# Max brad nailer



## sreill (Feb 4, 2012)

No one around here has the new model? 

http://www.google.com/m/products/ca...a=X&ei=SG1bT5fhD6Lh0QHtoZ3iDw&ved=0CD0Q8wIwAA


----------



## bconley (Mar 8, 2009)

The Max reps were at the local Lowes yesterday, I didn't have time to check them out but it seems they will be available at Lowes soon.
I'm wondering if they will be out on the floor or just special order.


----------



## Rustbucket (May 22, 2009)

bconley said:


> The Max reps were at the local Lowes yesterday, I didn't have time to check them out but it seems they will be available at Lowes soon.
> I'm wondering if they will be out on the floor or just special order.

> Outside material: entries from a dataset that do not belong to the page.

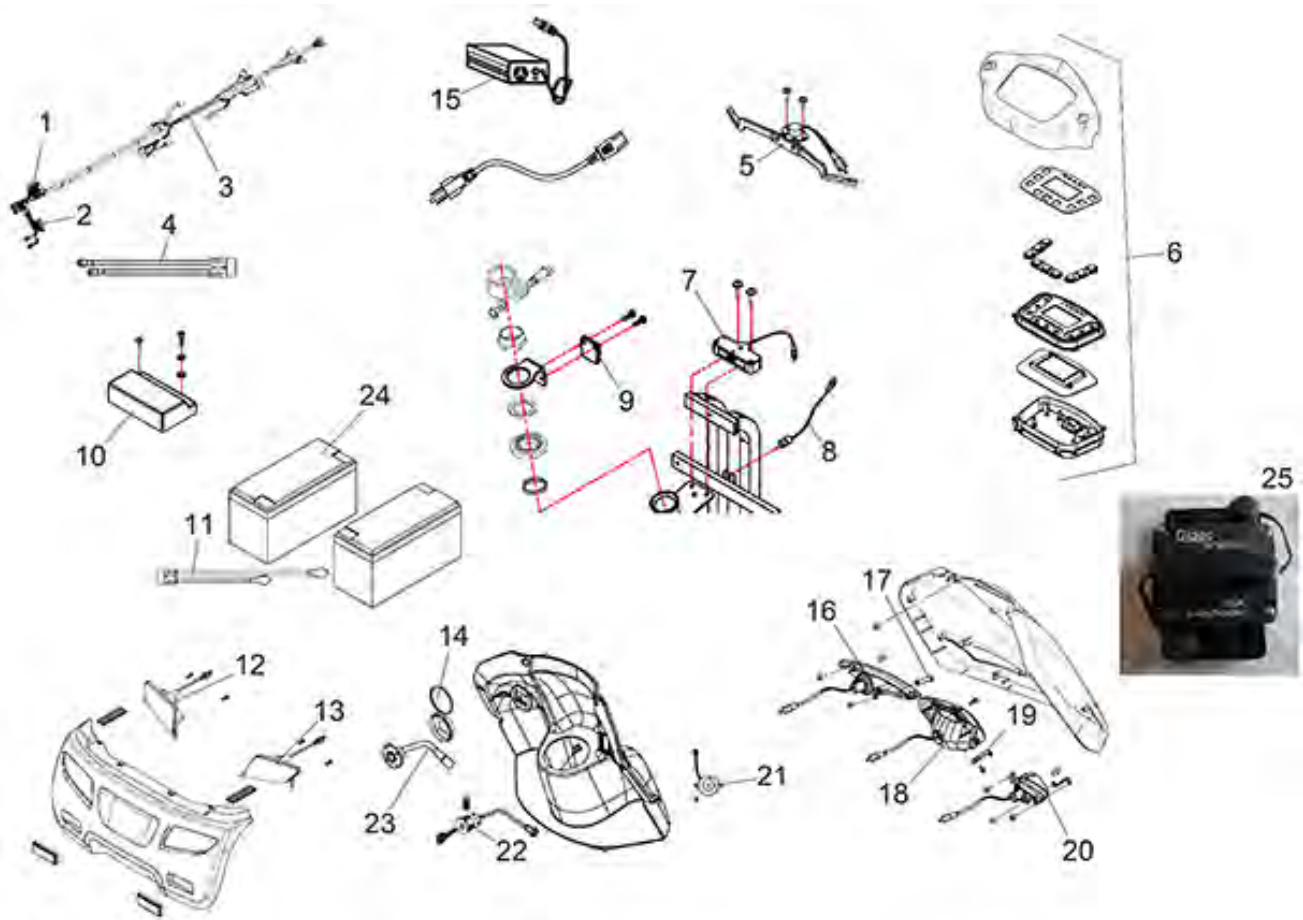

Pos. nr.	Artikelnr.	Beschrijving	Aantal	Prijs (€)
1	950001231	10A zekering voor ST5D/ST5D 3-Wiel/ST6 scooter	1	€ 2,70
2	950001661	20A zekering voor ST6 scooter	1	€ 1,80
3	950001642	Bekabeling voor ST6 scooter	1	€ 352,10
4	950001659	Verbindingskabel bedieningseenheid voor ST6	1	€ 69,60
5	950001637	Wigwag-hendel comp. voor ST6 scooter	1	€ 75,50
6	950001628	Display voor ST6 scooter	1	€ 516,00
7	950001306	Houder snelheid beperkende schakelaar (gyro) voor Scooter ST5D/ST5D Plus 3-Wiel/ST4D/ST4D 2G 3-Wiel/ST6 vanaf SN 4C1809	1	€ 43,90
7	950001281	Schakelaar voor reductie draaisnelheid (halfgrondknop) voor ST5D/ST4D/ST6 scooter	1	€ 66,60
7	950001288	Schakelaar voor reductie draaisnelheid (paddestoelknop) voor ST5D/ST4D/ST6 scooter	1	€ 66,60
7	950001376	Draai de reductieschakelaar Gyro ST4D (vanaf SN:	1	€ 55,89
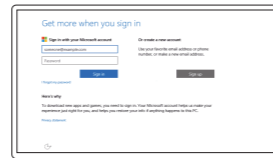

Enable Dell updates

启用 Dell 更新
啓用 Dell 更新

Connect to your network

连接到网络
連接網路

- NOTE: If you are connecting to a secured wireless network, enter the password for the wireless network access when prompted.
- 注：如果您要连接加密的无线网络，请在提示时输入访问该无线网络所需的密码。
- 註：如果您要連線至安全的無線網路，請在提示下輸入存取無線網路的密碼。

Sign in to your Microsoft account or create a local account

登录您的 Microsoft 帐户或创建本地帐户
登入您的 Microsoft 帳號或建立本機帳號

Create recovery media

创建恢复介质
建立復原媒體

In Windows search, type **Recovery**, click **Create a recovery media**, and follow the instructions on the screen.

在 Windows 搜索中，输入恢复，单击创建恢复介质，然后按照屏幕上的说明操作。
在 Windows 搜尋中，輸入 Recovery，按一下建立復原媒體，然後依照畫面上的指示進行。

Locate Dell apps

查找 Dell 应用程序
找到 Dell 應用程式

Register your computer

注册您的计算机
註冊您的電腦

Dell Help & Support

Dell 帮助和支持
Dell 說明及支援
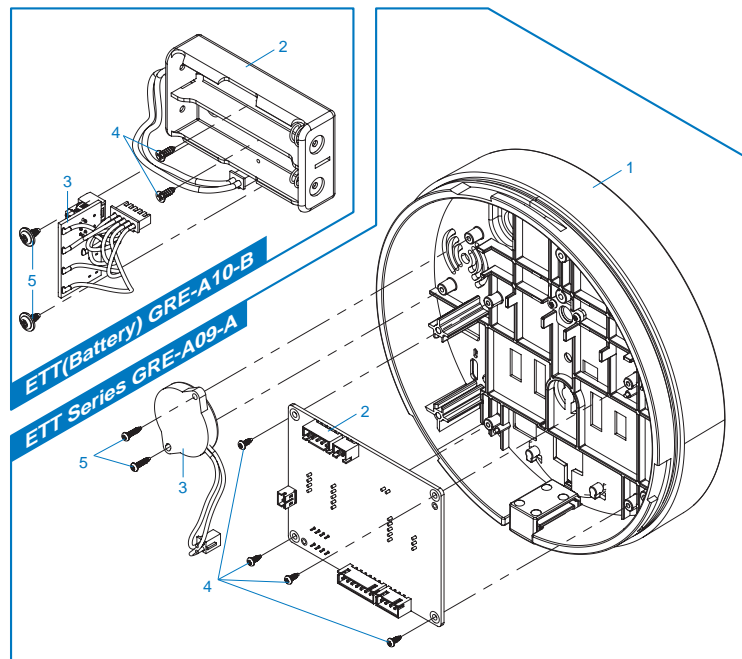

[零件表] [PARTS LIST] [LISTADO DE PARTES] [LISTE DES PIÈCES DÉTACHÉES] [パーツリスト]

ETT Series 訂購零件時請註明型號及顏色 / Please notify model and color when purchase parts / Indique el modelo y el color cuando compre las piezas. / Veuillez indiquer le modèle et la couleur lors de l'achat de pièces / パーツを注文する際に品番と色を指定してください。

- ETT Series GRE-A09-A 底座模組 / Base module
- ETT(Battery) GRE-A10-B 電池模組 / Battery module
- ETT Series GRE-A12-A 底座組合 / Base assembly
- ETT Control Box GRE-A14-A 控制盒組合 / Control box assembly
- ETT Control Box GRE-A15-A 控制盒模組 / Control box module
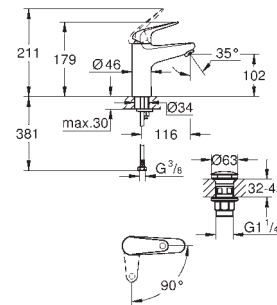

24 269 001

cromado

102,92

Euroeco

Monocomando de lavatório 1/2"
Tamanho M

1 furo para instalação

Manípulo metálico

GROHE Long-Life ES 28 mm cartucho cerâmico com poupança de energia - função cold start

Com limitador ecológico de temperatura

Acabamento **GROHE Long-Life**

Vias de água separadas - sem chumbo e níquel

GROHE Water Saving para menor consumo e jato perfeito

Caudal máximo (a 3 bar): 5 l/min

Sistema de instalação rápida

Corpo liso com válvula click-clack 1 1/4"

Ligações flexíveis

Edição Profissional
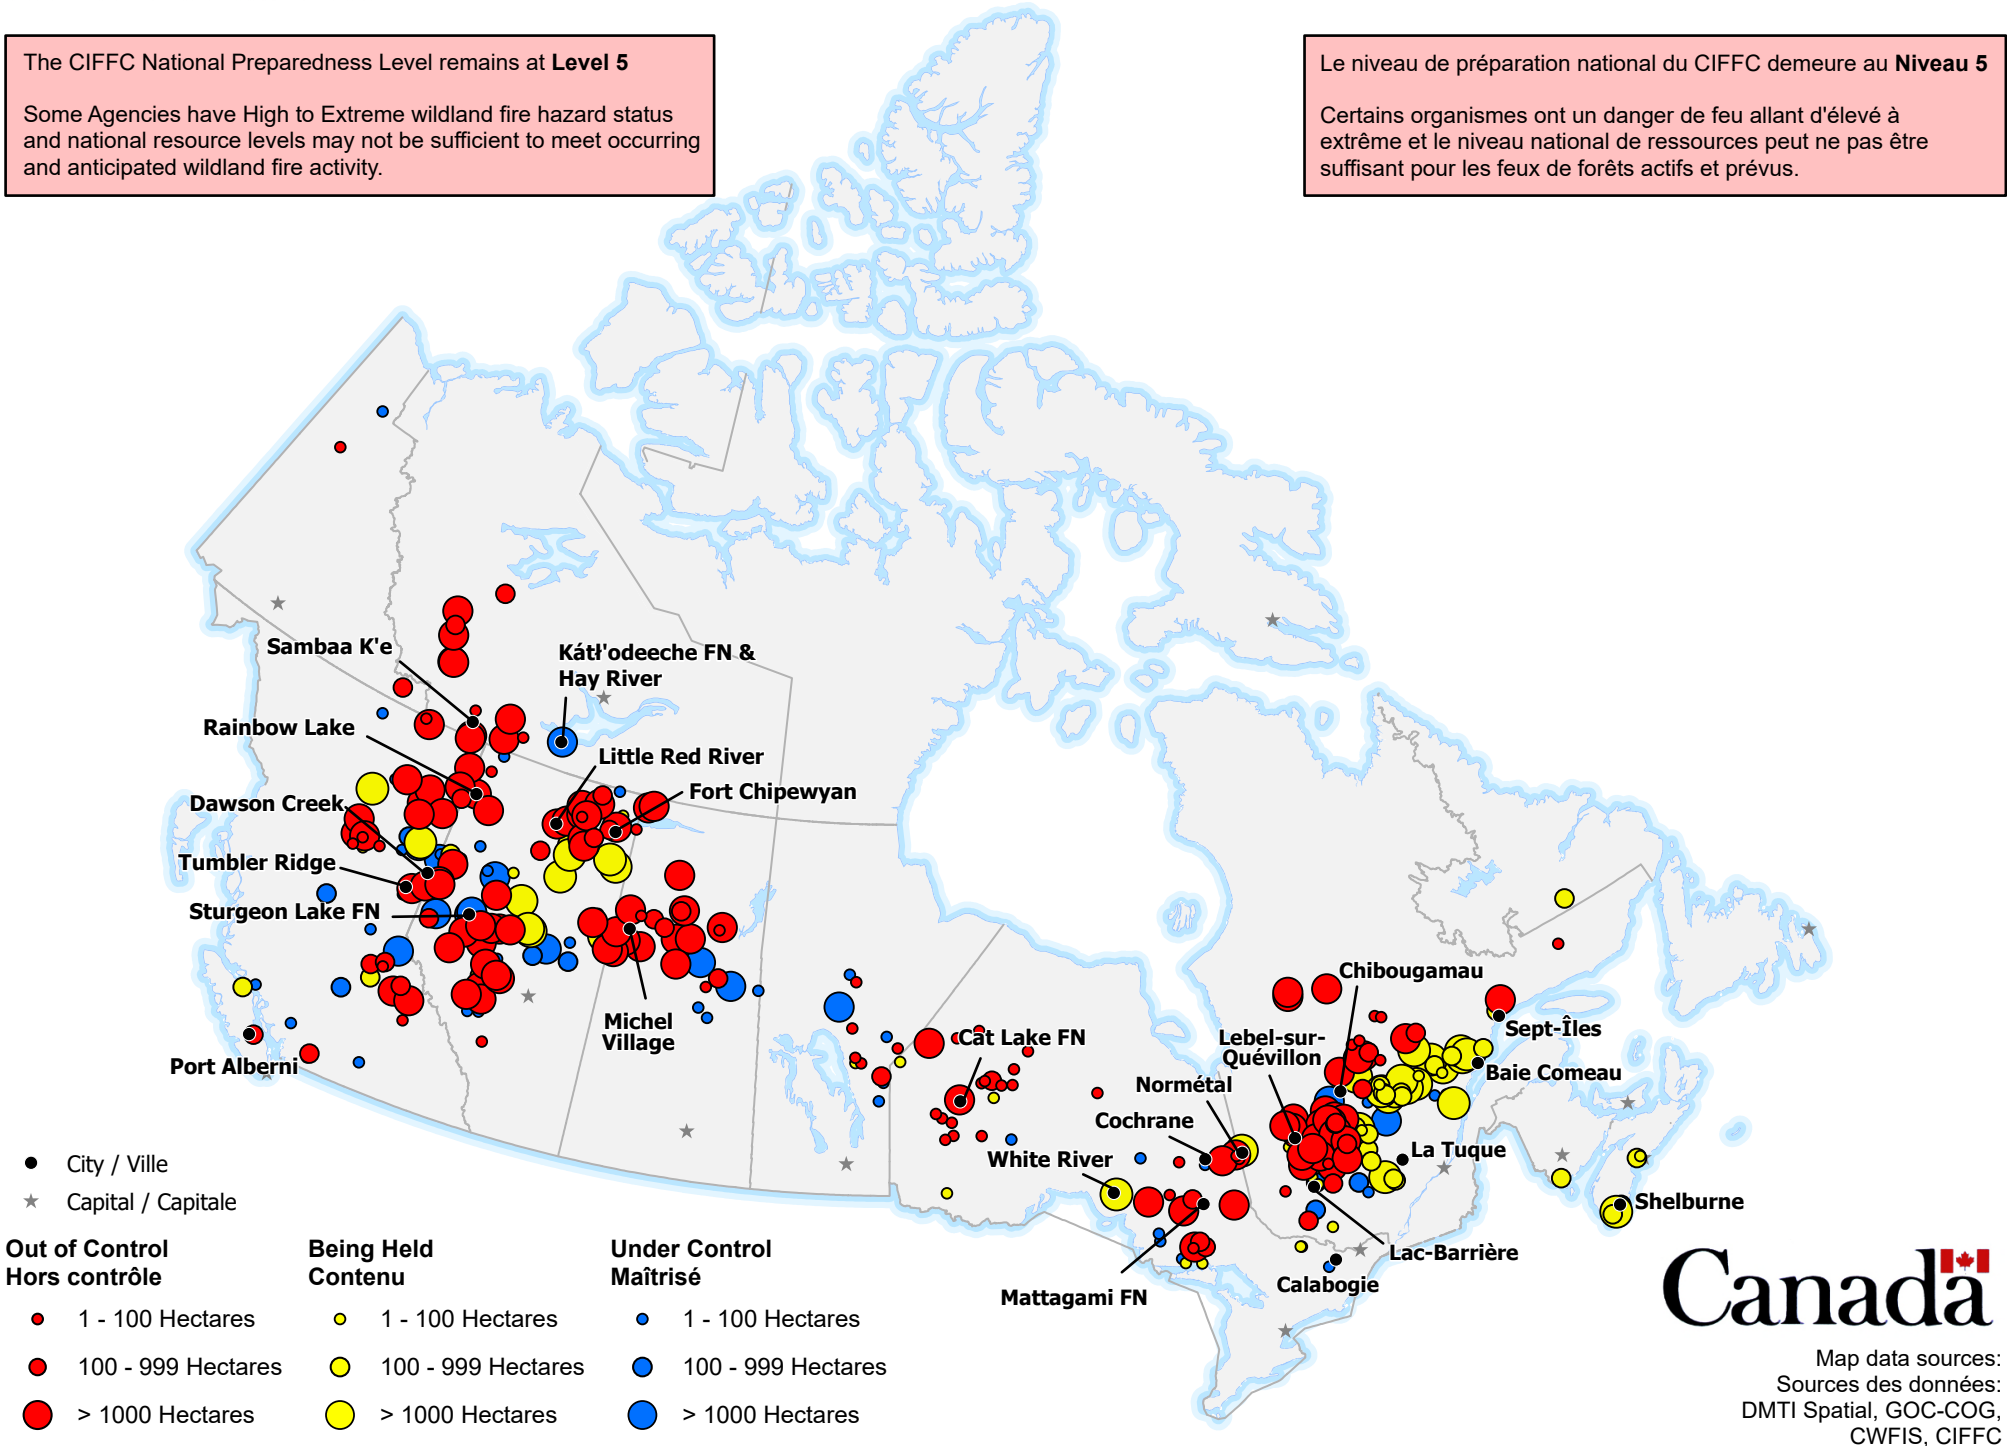

ACTIVE FIRES / FEUX ACTIFS

The CIFFC National Preparedness Level remains at **Level 5**

Some Agencies have High to Extreme wildland fire hazard status and national resource levels may not be sufficient to meet occurring and anticipated wildland fire activity.

Le niveau de préparation national du CIFFC demeure au **Niveau 5**

Certains organismes ont un danger de feu allant d'élevé à extrême et le niveau national de ressources peut ne pas être suffisant pour les feux de forêts actifs et prévus.

- City / Ville
- ★ Capital / Capitale

Out of Control Hors contrôle	Being Held Contenu	Under Control Maîtrisé
● 1 - 100 Hectares	● 1 - 100 Hectares	● 1 - 100 Hectares
● 100 - 999 Hectares	● 100 - 999 Hectares	● 100 - 999 Hectares
● > 1000 Hectares	● > 1000 Hectares	● > 1000 Hectares

Map data sources:
Sources des données:
DMTI Spatial, GOC-COG,
CWFIS, CIFFC

Hmmm.... Max redesigns their brad nailers, drops the price by 70%, and starts to sell them at Lowe's.... :whistling

Anybody else feeling a little queasy?


----------



## GRB (Feb 23, 2009)

Rustbucket said:


> Hmmm.... Max redesigns their brad nailers, drops the price by 70%, and starts to sell them at Lowe's.... :whistling
> 
> Anybody else feeling a little queasy?


Shades of Porter Cable, perhaps? :sad:


----------



## Gary H (Dec 10, 2008)

If I was a betting man, That sure seems like the same path that Max is taking. Another tool that we will be talking about how good they used to be. Will the price drop on the 400 psi system? The compresser alone is around $1800.


----------



## Burns-Built (May 8, 2009)

I was just at a trade show this past weekend. Saw a rep there with a max roofing gun and got to talking about their finish guns. I just ordered a 15 guage angled gun and was looking for their 2" brad nailer, the nf255 st18. I told him i've been looking but they aren't any! Everywhere you go they are discontinued.  He says to me I have one left, i was like I"LL TAKE IT!! :clap: So if you can find one grab it, cuz the new one looks like half the gun the st18 is.


----------



## dkillianjr (Aug 28, 2006)

Rustbucket said:


> Hmmm.... Max redesigns their brad nailers, drops the price by 70%, and starts to sell them at Lowe's.... :whistling
> 
> Anybody else feeling a little queasy?




I saw a couple max guns on the home crepots website the other day, it looks like they have some cheaper models out now. Maybe just for crepot and loews. They look a little cheasy to me. 


Dave


----------



## Gary H (Dec 10, 2008)

Our tool store contacted the max factory and all the guns are gone The Max rep is contacting his dealers to see if they have any left. Looks like if I find one, I won't be getting any special deals on it. The salesman said that since Max discontinued a bunch of the jap guns, they sold out of them very quickly. Looks like everybody wants to get all the good guns before they are gone.


----------